The SLA guarantees cover “dial tone” at the server level only, however, and explicitly exclude many causes of downtime at the application level. Customers are, therefore, responsible for implementing the HA provisions needed to ensure satisfying the demanding RTOs and RPOs of mission-critical SQL Server databases. For DR needs, where RTOs and RPOs are typically less stringent, the CSP’s DR-as-a-Service (DRaaS) or DIY (Do-It-Yourself) DR offerings are usually suitable for most applications.

In addition to the CSP’s IT resiliency provision, SQL Server offers two of its own HA/DR features: Failover Cluster Instances and Always On Availability Groups. FCIs afford two notable advantages: inclusion in the less expensive Standard Edition and protection of the entire SQL Server instance. A significant disadvantage is the need for cluster-aware shared storage, which has historically been unavailable in the cloud. The lack of shared storage was addressed in Windows Server 2016 Datacenter Edition with the introduction of Storage Spaces Direct, but S2D also has limitations, especially the need for both the active and standby instances to reside within the same data center.

SQL Server’s other HA/DR feature, Always On Availability Groups, is a more robust solution capable of satisfying an RTO of 5-10 seconds and an RPO of seconds or less. Among its other advantages are inclusion in SQL Server 2017 for Linux, no need for shared storage and readable secondaries for queries (with appropriate licensing). But for Windows it requires licensing for the more expensive Enterprise Edition and it lacks protection for the entire SQL Server instance.

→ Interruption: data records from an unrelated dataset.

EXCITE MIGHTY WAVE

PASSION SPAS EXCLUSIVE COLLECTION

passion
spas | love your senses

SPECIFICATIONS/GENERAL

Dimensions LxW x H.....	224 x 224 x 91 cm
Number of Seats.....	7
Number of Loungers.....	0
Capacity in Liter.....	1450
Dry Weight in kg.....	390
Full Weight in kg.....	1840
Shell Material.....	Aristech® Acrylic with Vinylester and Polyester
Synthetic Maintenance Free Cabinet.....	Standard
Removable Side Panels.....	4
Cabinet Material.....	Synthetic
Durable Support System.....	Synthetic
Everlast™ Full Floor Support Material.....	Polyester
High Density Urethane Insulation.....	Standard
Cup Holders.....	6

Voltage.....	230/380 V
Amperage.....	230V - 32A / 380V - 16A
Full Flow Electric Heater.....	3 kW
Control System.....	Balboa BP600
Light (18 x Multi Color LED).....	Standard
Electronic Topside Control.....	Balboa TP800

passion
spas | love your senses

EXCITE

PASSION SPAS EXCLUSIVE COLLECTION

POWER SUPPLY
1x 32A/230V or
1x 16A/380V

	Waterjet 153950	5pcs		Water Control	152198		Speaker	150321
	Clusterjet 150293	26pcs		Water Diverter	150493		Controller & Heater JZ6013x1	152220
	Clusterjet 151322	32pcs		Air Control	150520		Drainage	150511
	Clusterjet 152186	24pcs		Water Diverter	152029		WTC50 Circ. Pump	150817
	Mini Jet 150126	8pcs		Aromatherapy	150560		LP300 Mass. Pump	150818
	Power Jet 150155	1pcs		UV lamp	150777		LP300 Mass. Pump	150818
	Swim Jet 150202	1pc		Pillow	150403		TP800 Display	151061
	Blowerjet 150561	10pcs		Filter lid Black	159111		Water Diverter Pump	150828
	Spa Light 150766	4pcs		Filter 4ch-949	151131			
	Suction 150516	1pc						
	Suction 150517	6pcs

The limitations associated with these options has created a need for third-party failover clustering solutions purpose-built to provide HA/DR protections for virtually all Windows and Linux applications in private, public and hybrid cloud environments. Such offerings afford two major advantages: no need for shared storage (ideal in the cloud) and application-agnosticism, which eliminates the need to have different HA/DR provisions for different applications.

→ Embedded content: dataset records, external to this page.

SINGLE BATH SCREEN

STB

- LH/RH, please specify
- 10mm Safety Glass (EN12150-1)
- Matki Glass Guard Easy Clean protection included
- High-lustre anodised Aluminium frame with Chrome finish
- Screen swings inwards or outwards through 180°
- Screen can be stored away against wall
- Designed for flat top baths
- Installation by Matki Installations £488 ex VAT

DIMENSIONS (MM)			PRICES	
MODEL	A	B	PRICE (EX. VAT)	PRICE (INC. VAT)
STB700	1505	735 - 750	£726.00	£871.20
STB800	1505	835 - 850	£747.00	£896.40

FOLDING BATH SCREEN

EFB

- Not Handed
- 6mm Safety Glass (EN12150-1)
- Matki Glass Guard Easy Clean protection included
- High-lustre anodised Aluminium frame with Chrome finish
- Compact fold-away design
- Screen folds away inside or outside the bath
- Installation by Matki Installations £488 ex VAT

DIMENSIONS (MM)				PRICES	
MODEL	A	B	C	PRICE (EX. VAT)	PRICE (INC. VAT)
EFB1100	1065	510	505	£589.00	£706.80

These software-only solutions include, at a minimum, real-time data replication, continuous monitoring able to detect failures at the application level, and configurable policies for failover and failback. Most also offer a variety of value-added capabilities, including some specific to Linux and popular applications like SQL Server.

Being purpose-built for HA, failover clusters are able to satisfy RTOs as low as 20 seconds with no data loss (an RPO of zero), enabling them to deliver an uptime of 99.99 percent. One notable disadvantage is the inability to read secondary instances of SQL Server databases. But given their capacity to detect, remediate and recover from failures at the application level, purpose-built failover clustering solutions are becoming increasingly popular for critical database and other applications running in the cloud.

Refining (#6) the Defense (#1) of SQL Server Databases

For mission-critical SQL Server databases running in the cloud, there are really only two viable options for assuring the 99.99 percent uptime required for HA: SQL Server’s own Always On Availability Groups and third-party failover clusters. True, both options do increase both capital and operational expenditures. But when weighing that relatively modest increase against the cost of downtime and the savings afforded by the cloud, a compelling case can be made for making refinements in how you now defend your organization’s mission-critical applications.

David Bermingham is technical evangelist at SIOS Technology.